— Уходи: помирать стану. Ну же!
Евланьюшка встала, попятилась в страхе: «Да неужто правда? Где ж эти быстрые врачи?»
С горы прибежала дородная жена казака. Заголосила, упав на него:
— Та родный ж мой, Митянька! Та куды ж ты без меня собрался-а-а? Що с тобой такое приключилося-а-а?..

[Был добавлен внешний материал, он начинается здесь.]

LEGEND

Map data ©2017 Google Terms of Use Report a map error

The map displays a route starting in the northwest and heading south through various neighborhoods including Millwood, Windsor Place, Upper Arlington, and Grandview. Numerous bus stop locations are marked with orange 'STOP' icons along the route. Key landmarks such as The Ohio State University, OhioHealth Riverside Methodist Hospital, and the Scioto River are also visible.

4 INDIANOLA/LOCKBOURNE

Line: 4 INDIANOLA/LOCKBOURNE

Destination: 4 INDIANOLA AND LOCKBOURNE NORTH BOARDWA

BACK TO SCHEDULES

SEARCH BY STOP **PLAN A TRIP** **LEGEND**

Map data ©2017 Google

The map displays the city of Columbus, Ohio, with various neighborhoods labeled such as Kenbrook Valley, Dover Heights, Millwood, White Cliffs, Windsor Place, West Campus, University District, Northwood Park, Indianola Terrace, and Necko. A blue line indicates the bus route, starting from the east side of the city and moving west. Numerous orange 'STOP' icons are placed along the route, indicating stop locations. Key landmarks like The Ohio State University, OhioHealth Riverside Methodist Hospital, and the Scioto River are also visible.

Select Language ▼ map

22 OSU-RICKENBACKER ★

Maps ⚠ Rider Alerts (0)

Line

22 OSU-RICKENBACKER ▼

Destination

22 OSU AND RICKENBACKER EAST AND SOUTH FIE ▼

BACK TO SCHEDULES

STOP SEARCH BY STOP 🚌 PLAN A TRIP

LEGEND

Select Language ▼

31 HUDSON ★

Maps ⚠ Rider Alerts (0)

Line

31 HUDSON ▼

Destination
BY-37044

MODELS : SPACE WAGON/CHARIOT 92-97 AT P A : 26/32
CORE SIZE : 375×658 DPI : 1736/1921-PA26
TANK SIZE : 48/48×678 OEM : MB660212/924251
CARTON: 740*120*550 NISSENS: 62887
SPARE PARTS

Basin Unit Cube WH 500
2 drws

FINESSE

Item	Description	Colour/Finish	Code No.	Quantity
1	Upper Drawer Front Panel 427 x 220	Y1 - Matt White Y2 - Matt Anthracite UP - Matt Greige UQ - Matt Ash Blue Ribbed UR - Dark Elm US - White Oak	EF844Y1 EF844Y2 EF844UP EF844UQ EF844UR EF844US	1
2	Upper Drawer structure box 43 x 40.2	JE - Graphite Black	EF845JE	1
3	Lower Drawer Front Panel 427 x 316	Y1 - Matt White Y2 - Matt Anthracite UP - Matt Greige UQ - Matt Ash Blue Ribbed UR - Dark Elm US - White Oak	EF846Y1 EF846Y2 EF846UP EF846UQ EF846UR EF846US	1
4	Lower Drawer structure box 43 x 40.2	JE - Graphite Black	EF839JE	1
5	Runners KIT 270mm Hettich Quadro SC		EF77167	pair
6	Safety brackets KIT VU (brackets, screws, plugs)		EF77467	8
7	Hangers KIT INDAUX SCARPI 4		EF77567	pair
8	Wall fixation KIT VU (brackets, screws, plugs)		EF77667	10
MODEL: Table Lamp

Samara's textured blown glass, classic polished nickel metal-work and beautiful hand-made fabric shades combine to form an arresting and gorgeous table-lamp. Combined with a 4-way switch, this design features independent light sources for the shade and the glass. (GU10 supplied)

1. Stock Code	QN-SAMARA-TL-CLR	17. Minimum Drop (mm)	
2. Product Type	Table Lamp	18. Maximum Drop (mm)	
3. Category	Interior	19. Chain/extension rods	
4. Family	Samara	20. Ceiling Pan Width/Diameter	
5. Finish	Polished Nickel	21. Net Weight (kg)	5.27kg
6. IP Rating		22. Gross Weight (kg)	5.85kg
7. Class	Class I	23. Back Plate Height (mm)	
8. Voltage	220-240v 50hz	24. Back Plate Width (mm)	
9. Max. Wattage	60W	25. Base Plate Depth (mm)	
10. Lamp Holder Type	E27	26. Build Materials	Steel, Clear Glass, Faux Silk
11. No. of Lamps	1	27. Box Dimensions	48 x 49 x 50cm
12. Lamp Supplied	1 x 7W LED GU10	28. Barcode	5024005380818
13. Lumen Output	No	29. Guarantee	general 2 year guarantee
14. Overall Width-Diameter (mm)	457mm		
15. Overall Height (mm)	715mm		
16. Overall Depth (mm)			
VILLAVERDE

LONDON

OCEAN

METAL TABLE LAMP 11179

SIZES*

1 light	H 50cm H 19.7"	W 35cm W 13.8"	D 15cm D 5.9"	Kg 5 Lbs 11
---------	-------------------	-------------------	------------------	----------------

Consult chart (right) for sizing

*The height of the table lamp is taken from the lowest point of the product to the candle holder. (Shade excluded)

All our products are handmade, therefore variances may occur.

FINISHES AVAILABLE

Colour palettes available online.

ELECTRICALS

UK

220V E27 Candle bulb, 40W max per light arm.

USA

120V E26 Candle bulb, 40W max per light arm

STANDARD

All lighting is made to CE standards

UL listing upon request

Согнувшись, Евланьюшка пошла прочь, думая: «Ба-ах, башеньки! Как оно, счастье-то человеческое, не прочно. Только сияло, тешило — и нетушки. Сгорело. Порвалося. Лопнуло. Одного, глупая, не пойму: босой прибежал… Кто его, черта старого, в огонь толкал? Добро бы человека, а то ведь курицу спасал. Эх, горюшко горькое! Да я-то как цела осталася, не поранетая-а-а?..»
В привокзальном скверике, под старой сосной, увешанной разноцветным тряпьем, расположились цыгане. Матери, сидя в траве, баюкали грудных детей. Молодые, скучившись, пели. Независимые мужчины, хмельные, сытые, курили в сторонке. Но тоже были заняты песней: одни присвистывали, другие хлопали, третьи подтягивали припев: ай нэ-нэ, нэ-нэ-нэ, ай нэ-нэ, нэ-нэ-нэ!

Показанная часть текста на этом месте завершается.